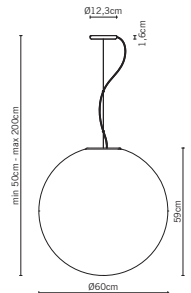

Lumi F07

D&G Studio

F07 A19 Sfera	F07 A21 Sfera	F07 A23 Sfera	F07 A25 Sfera	F07 A27 Sfera
01	01	01	01	01
157,00 €	271,00 €	308,00 €	456,00 €	666,00 €

A11004C20 20x5,05 €	A11009C10 10x9,80 €	A10208C12 12x19,17 €	A10218C10 10x34,30 €	A10209C12 12x19,17 €	A10218C10 10x34,30 €	A10209C12 12x19,17 €	A10218C10 10x34,30 €	A10209C12 12x19,17 €	A10218C10 10x34,30 €
G9 1x60W HSGS	G9 1x9W FBT	E27 1x150W HSGST	E27 1x30W FBT	E27 1x205W HSGST	E27 1x30W FBT	E27 1x205W HSGST	E27 1x30W FBT	E27 1x205W HSGST	E27 1x30W FBT
0,030 m³ - 3,00 Kg		0,120 m³ - 5,00 Kg		0,150 m³ - 7,50 Kg		0,180 m³ - 8,50 Kg		0,208 m³ - 9,50 Kg	
IP40		IP20		IP20		IP20		IP20

» **REQUIRED ACTION**
Would you give the material back exactly, minus the pictures?

» **YOUR SOLUTION**
Lumi F07

D&G Studio

F07 A19 Sfera	F07 A21 Sfera	F07 A23 Sfera	F07 A25 Sfera	F07 A27 Sfera
01	01	01	01	01
157,00 €	271,00 €	308,00 €	456,00 €	666,00 €

A11004C20 20x5,05 €	A11009C10 10x9,80 €	A10208C12 12x19,17 €	A10218C10 10x34,30 €	A10209C12 12x19,17 €	A10218C10 10x34,30 €	A10209C12 12x19,17 €	A10218C10 10x34,30 €	A10209C12 12x19,17 €	A10218C10 10x34,30 €
G9 1x60W HSGS	G9 1x9W FBT	E27 1x150W HSGST	E27 1x30W FBT	E27 1x205W HSGST	E27 1x30W FBT	E27 1x205W HSGST	E27 1x30W FBT	E27 1x205W HSGST	E27 1x30W FBT
0,030 m³ - 3,00 Kg		0,120 m³ - 5,00 Kg		0,150 m³ - 7,50 Kg		0,180 m³ - 8,50 Kg		0,208 m³ - 9,50 Kg	
IP40		IP20		IP20		IP20		IP20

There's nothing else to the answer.